What do the latest viral video on YouTube and employment law have in common? Paul Munro investigates.

While searching for WorkplaceInfo article ideas, your correspondent came across this video of an employee named Marina who resigned from her job for a Taiwanese animator through ‘interpretive dance’. 



The story has been picked up by media across the globe and ‘gone viral’: In less than four days, the video was viewed more than 7.5 million times on YouTube, which is ironic, since one of the reasons Marina resigned was her employer’s preoccupation with hits, on the videos she produced, rather than quality.
 

Would it work in Australia?

 
Because of the ubiquity of social media such as YouTube, Facebook and Twitter, along with other electronic communication such as texting or email, it’s increasingly likely that you will one day receive an employee’s resignation by one of these means of communication (if you haven’t already).
 
Since a video (particularly one without any speaking) is an unusual way to tender a resignation, it raises a number of questions about whether it’s an acceptable form of resignation for Australian employers:
 
Is dancing enough?
 
If you watch the video, the dance routine itself doesn’t clearly convey an intention to resign (although I’m clearly no expert on interpretive dance). It’s the subtitles that explain the reasons for Marina’s resignation, with the final subtitle stating ‘I quit’. However, at no stage does Marina verbalise her intention to resign (or even mouth the words ‘I quit’ in synch with the subtitle). On it’s own, it’s questionable whether this video constitutes a resignation.
 
How did the employer find out?
 
The media reports don’t explain how the employer was made aware of the video. Did Marina send a link to it via email to her manager, or was it only released on YouTube? An employee needs to deliver his or her resignation directly to the employer for it to be taken seriously.
 
Did the employee create the communication?
 
Being a video production house, the employer would need to be certain the video was indeed produced by Marina and wasn’t a prank by a fellow employee, putting their own subtitles onto an existing video. If you receive a link to a video concerning one of your employees, make sure you contact the employee and confirm (preferably face-to-face) that, in fact, they created it and that they intend to resign.
 
Security issues surrounding modern communication devices and social media mean that other people may access them without the employee’s permission.
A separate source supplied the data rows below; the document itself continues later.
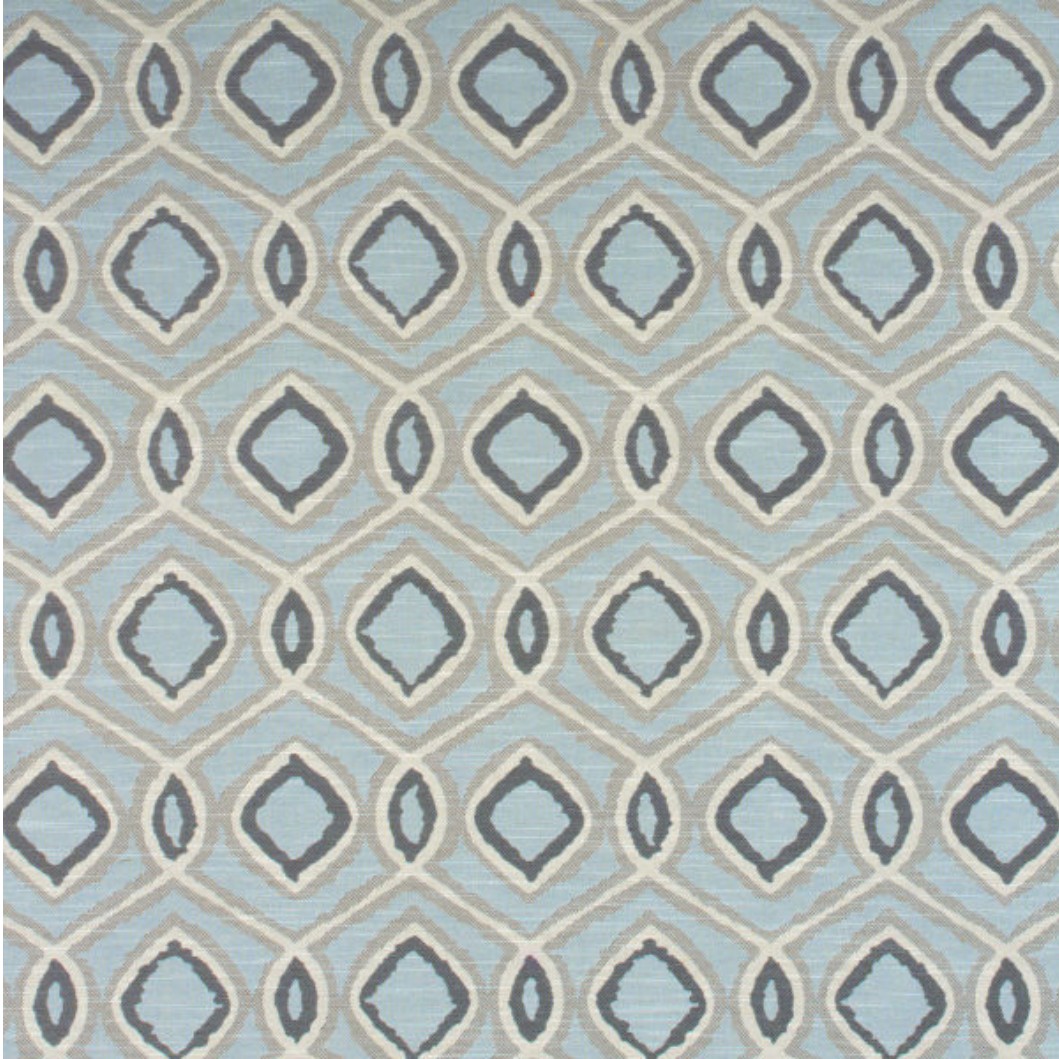

Templefurniture

More reasons to love coming home

102 S. 7th Avenue
P. O. Box 185
Maiden, NC 28650
Phone: (828) 428-8031

Landry Sky

Fabric Grade: 8

Swatch #: 7762

Cleaning Code: S

Repeat: V 10.3" X H 7.3"

Double Rubs: 30,000

Orientation: Up the bolt

Fabric Contents: 51.0% Cotton, 49.0% Rayon

Color: Blue(Lt-Med)

Pattern: Geometric

Also, because social media is a relatively new technology, many people may not be familiar with some of the security risks involved with social media access.
 
Is it clearly a resignation?
 
The issues raised in the interpretive dance video apply to any form of notice of resignation given by an employee. If the words of resignation are unambiguous, then an employer is entitled to treat them as such.
 
It’s important that you ensure an employee’s intention to resign, because any misunderstanding may result in an unfair dismissal application. The FWC is required to determine whether termination was at the employer’s initiative, or whether the employee resigned of their own accord.
 
An employee who serves their notice personally to the employer, in writing, is an example of an unequivocal intention of the employee to terminate the employment. Notice by other methods, such as verbally, can be acceptable, although difficulties may arise in verifying the resignation if the employee changes their mind.
 
The door swings both ways; in unfair dismissal matters, the use of texts or emails by employers to give notice of termination to employees is usually viewed by the Fair Work Commission (FWC) as inappropriate, although circumstances may exist where texting or email is the only viable alternative.
 

Are you opening yourself to an unfair dismissal claim?

 
Non-standard methods of resignation (such as interpretive dance) can be problematic for employers. The most common scenarios considered by the FWC when determining whether an employee resigned or was dismissed are a ‘heat of the moment’ decision by an employee, or constructive dismissal (ie the employee resigned but it was due to the employer’s pressure).
 
Heat of the moment
 
Words may be said by the employee in the heat of the moment, which industrial courts and tribunals refer to as ‘special circumstances’. Where special circumstances arise it may be unreasonable for an employer to assume a resignation and accept it as such.
 
A reasonable period of time should be allowed to lapse. If circumstances arise which indicate that you need to dig deeper and confirm whether the resignation was really intended and can be properly be assumed, then such inquiry is ignored at your risk.
 
Constructive dismissal
 
The Fair Work Act reflects the common law concept of constructive dismissal, and allows for a finding that an employee was dismissed (perhaps unfairly) if:
  • the employee is effectively instructed to resign by the employer in the face of a threatened or impending dismissal; or
  • the employee quits their job in response to conduct by the employer which gives them no reasonable choice but to resign.
Examples
  1. An employer may demand a resignation with a threat of dismissal. Negotiations may then ensue and the employee may ultimately be genuinely pleased with the outcome of those negotiations to the extent that their resignation may be said to be given freely and without undue influence being brought to bear by the employer.
  2. When there are several instances where a single incident of verbal abuse has given rise to a successful claim of constructive dismissal. In one case, a director said to his secretary: ‘She is an intolerable bitch on a Monday morning’, which amounted to constructive dismissal. Also, an assistant manager saying to an employee: ‘You can’t do the bloody job anyway’, not believing this to be true, was deemed a constructive dismissal. In another case, an employee who was falsely accused of theft was found to have been constructively dismissed.
In an unfair dismissal application, the onus is on the employee to prove they did not resign voluntarily. The employee must prove that the employer forced their resignation.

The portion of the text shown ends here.